Some artists work in oils or watercolors. The chipping sparrow works in hair.

These birds construct their nests rather low, usually less than 10 feet from the ground; they collect grasses and plant stems for the bulk of the structure but use hair or fur to provide a soft bed for the eggs and subsequent nestlings.

Small Cup Lined With Plant Down

These nests are the handiwork of the American goldfinch.

Look for them in in forks of branches in small trees in or near open fields where thistle — a goldfinch favorite — grows. The cup is very tightly woven and features the silk of caterpillars and spiders as binding agent.

Mesh-like Pouch of Plant Fibers

If you see a pendulous nest of intricately woven strands of plant, looking like a basket (or, to me, a softball that’s been stripped of its leather cover) you’re looking at the remarkable creation of a Baltimore oriole. In our area, these nests usually have a bit of suburbia woven in — a ribbon here, a strand of Easter grass there.

Horror of horrors, sometimes the nest contains fishing line. More than once I’ve seen a bird, dead, hanging beneath its nest at the end of a length of 8-pound test.

Big Bowls Made of Sticks

These are the work of our area birds of prey and, like the Three Bears’ beds, come in small, medium and large sizes. Smaller constructions, measuring around 2 feet in diameter, are the work of Cooper’s hawks; those around 3 feet are made by red-tailed hawks; and those the size of Volkswagens are built by bald eagles.

Stick nests have a few important side notes worth mentioning:

  • If you see a whole lot of stick nests in close proximity to each other, in trees in or near water, you’re looking at a rookery. In our area, great blue herons, great egrets and cormorants are our most common rookery builders.
  • Great horned owls do not make their own nests, but are fans of stick nests and often appropriate them for their own use during winter, which is their breeding season.

Big Balls Made of Leaves

These nests aren’t made by birds at all but rather by squirrels. The structures look flimsy but actually are quite strong, with underpinnings of twigs and other pliable material to lend form and structure.

Squirrels usually will have at least two leafy nests (also called dreys) at any given time, and also adopt tree cavities should the opportunity arise.

Basketball-Sized Paper Nests

Bald-faced hornets build these nests, which start out small and grow over the course of spring, summer and fall. By the time we see them it’s often fall or winter, and the inhabitants have been killed by frost.

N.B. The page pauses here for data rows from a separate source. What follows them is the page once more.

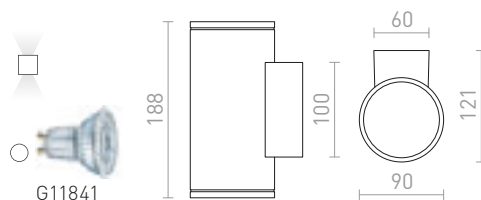

LIZZI I NÁSTĚNNÁ

230 V GU10 35 W IP54

R13508 antracitová

1 550 Kč

LIZZI II NÁSTĚNNÁ

230 V GU10 2x35 W IP54

R13509 antracitová

1 750 Kč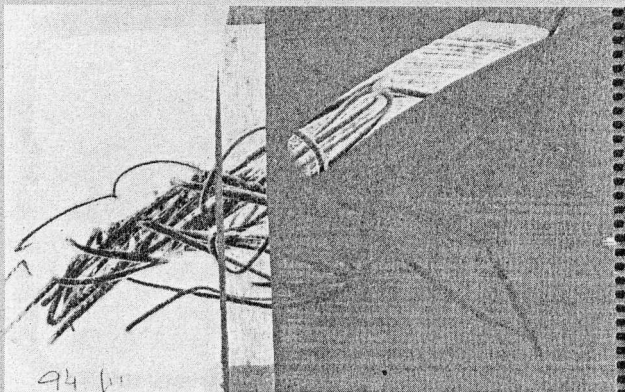

יעל כנעני - "מבנה - הקשתה"

יעל כנעני,
"מבנה -
הקשתה",
שמן על נייר,
15x25 ס"מ.

כנעני מציגה בגלריה בכברי ציורים קטני מימדים מן השנה האחרונה. על עבודותיה כותבת דרורה דקל: "בתנועת יד חזקה, החלטית, מרחפת, מחפשת, חושפת, מסתירה, עולים דימויי קשת, הקשתה, גשר, תנועה החוזרת על עצמה, מתנועעת באימפרוביזציה, נמצאת בתוך, שוהה, מבינה, נמשכת לבניה ולפירוק. כשהידיעה מותירה מרחב מחיה למקרה."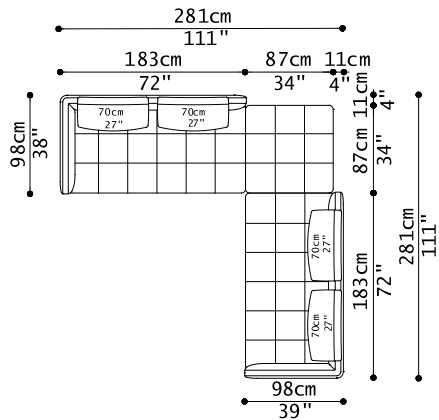

01VLRC9

1 ZWEI SITZER SOFA ARMLEHNE RECHTS
1 ZWEI SITZER SOFA ARMLEHNE LINKS
1 QUADRATISCHER HOCKER

01VLRC9	
Cat.3	8.401,00
Cat.4	8.695,00
Cat.5	8.916,00
Cat.6	9.137,00
Cat.7	9.431,00
Cat.8	9.724,00
Cat.9	10.607,00
Cat.10	11.194,00
Cat.11	11.856,00
Cat.12	12.517,00
Cat.13	13.326,00

02VLRC9	
Cat.E	10.238,00
Cat.F	11.858,00
Cat.G	12.599,00
Cat.H	13.679,00
Cat.I	15.769,00
Cat.L	16.715,00
Cat.M	17.929,00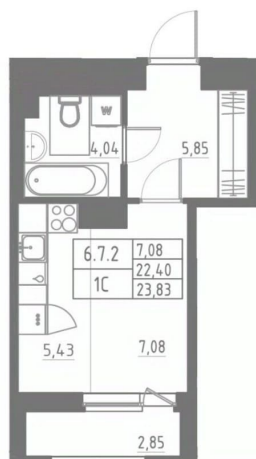

межэтажных перекрытий, шумозащитные окна, малозумные лифты Light-in - в квартирах устанавливаются широкоформатные окна, увеличены на 30%. Высота подоконников на уровне 60 см от пола. Vent-in - в каждой комнате есть клапаны индивидуальной вентиляции, которые обеспечивают приток свежего воздуха с улицы. inHOME умный дом в каждой квартире Интеллектуальная цифровая система, которая позволит дистанционно решать бытовые вопросы, управлять квартирой и экономить на оплате коммунальных услуг. В состав inHOME входят: IP-домофон, Face key, «умные» счетчики, датчики протечки, дистанционное отключение розеток, и т.д. Паркинг Подземный паркинг с доступом на лифте Локация - м. Звездная и м. Купчино 10 мин. на машине - КАД 5 мин. на машине - Пулковское 15 мин. на машине - Невский проспект 35 мин. на машине

move.ru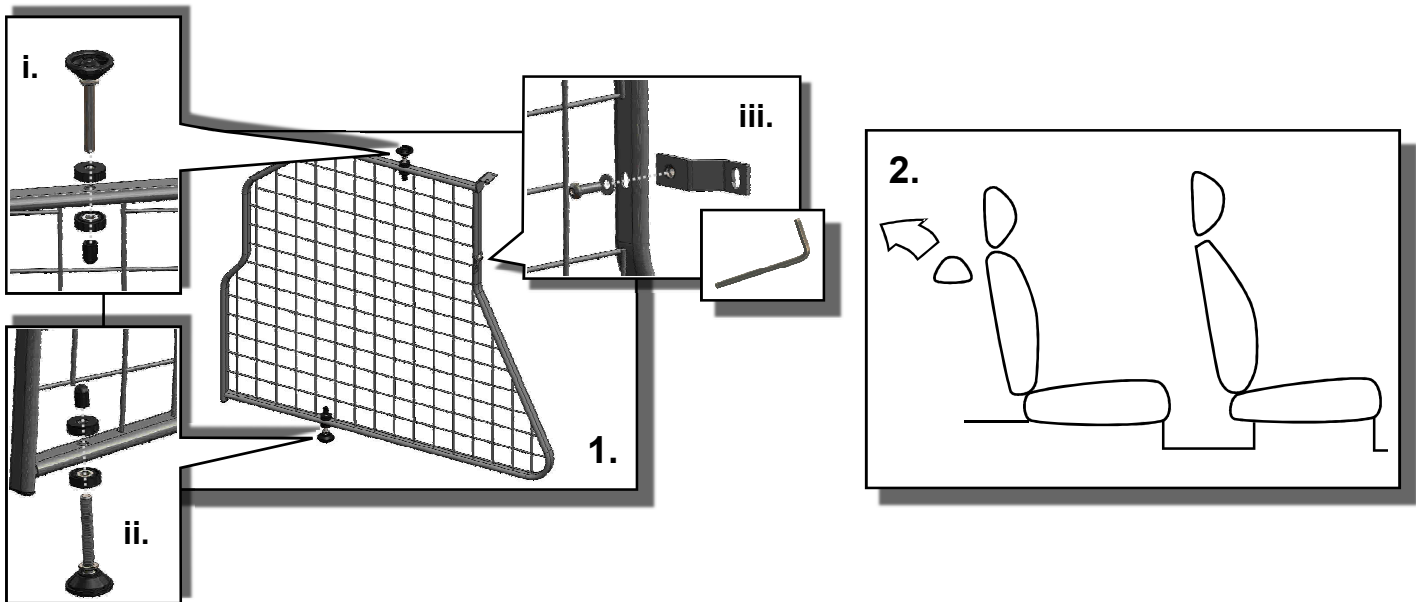

TDG 1315D

FITTING INSTRUCTION / INSTRUCCION DE MONTAGE / EINBAUANLEITUNG /
ISTRUZIONI PER L'USO / INSTRUCCIONES DE MONTAJE / MONTAGEHANDLEIDING

BMW X3

Luggage partition divider / Partition centrale de coffre à bagages / Abtrennung - Gepäckraumgitter /
Red de división del maletero / Divisorio centrale bagagliaio / De verdeler van de bagageverdeling

TDG 1315D

FITTING INSTRUCTION / INSTRUCTION DE MONTAGE / EINBAUANLEITUNG /
ISTRUZIONI PER L'USO / INSTRUCCIONES DE MONTAJE / MONTAGEHANDLEIDING

BMW X3

Luggage partition divider / Partition centrale de coffre à bagages / Abtrennung - Gepäckraumgitter /
Red de división del maletero / Divisorio centrale bagagliaio / De verdeler van de bagageverdeling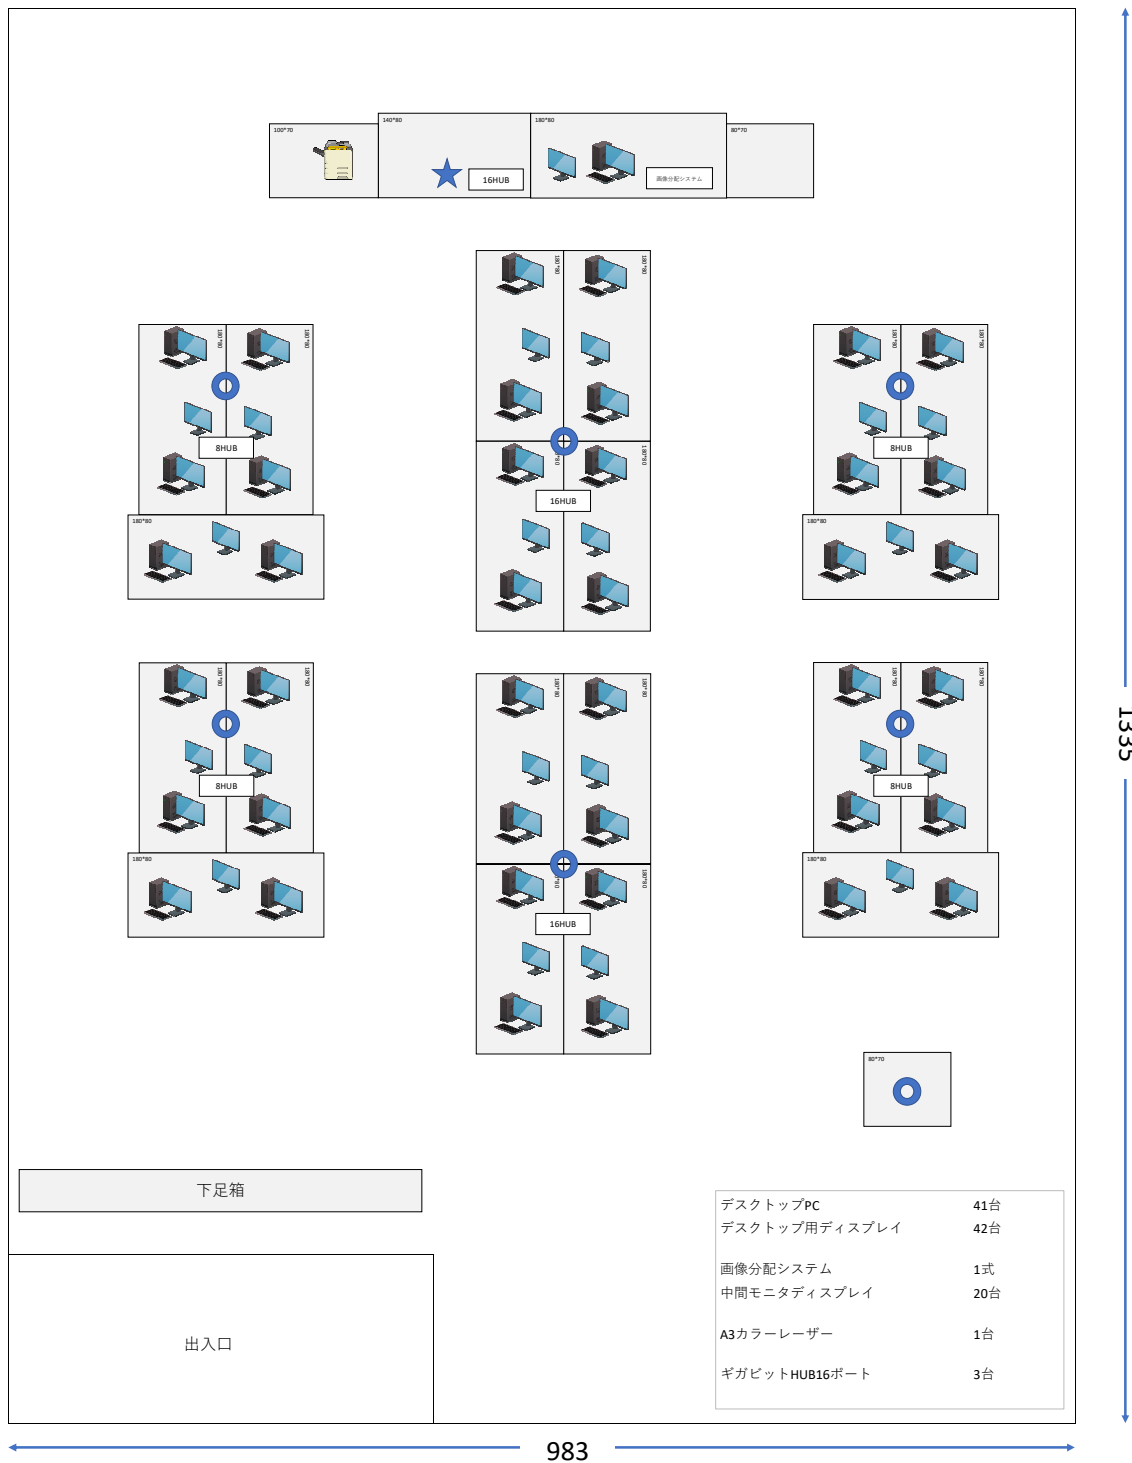

教育用パソコン配置図

米子東高等学校 北校舎 3F  
情報処理室

教育用パソコン配置図

米子西高校 コンピュータ教室

なお、上記配置は予定であり、最終的な配置場所は学校担当者と協議のうえ決定すること。

米子高等学校 第2コンピュータ室 機器配置図

- パソコン
- 中間モニター
- プリンター
- 配線立ち上がり口

米子高校ワープロ室配置図

- |   |      |   |        |   |          |
|---|------|---|--------|---|----------|
|  | パソコン |  | 16 HUB |  | 16ポートHUB |
|  | モニタ  |  |        |  | 配線立ち上がり口 |
|  | プリンタ |   |        |   |          |

★ サーバ室からの生徒系LAN      ○ 配線出口

But you know what’s really cool? All the dead adults and frozen larvae are a phenomenal food source for birds, squirrels and other wildlife.

With all this talk of nests I think it’s important that all nests are protected by conservation laws and need to remain in place even when they’re no longer being used. (At Hickory Knolls we actually have two permits, one from the Illinois Department of Natural Resources and the other from the U.S. Fish and Wildlife Service allowing us to display the nests in our collection.)

These rules date back to a time when nests and eggs — and feathers — were collected and sold, often to the detriment of the species.

But there’s no law against looking! Next time you’re out, or even just gazing out a window, scan the trees for globs of different shapes and sizes.

Be sure and do it soon, though. Before we know it the leaves will be out on the trees, and we’ll have to wait ‘til next winter to go on an empty nest treasure hunt.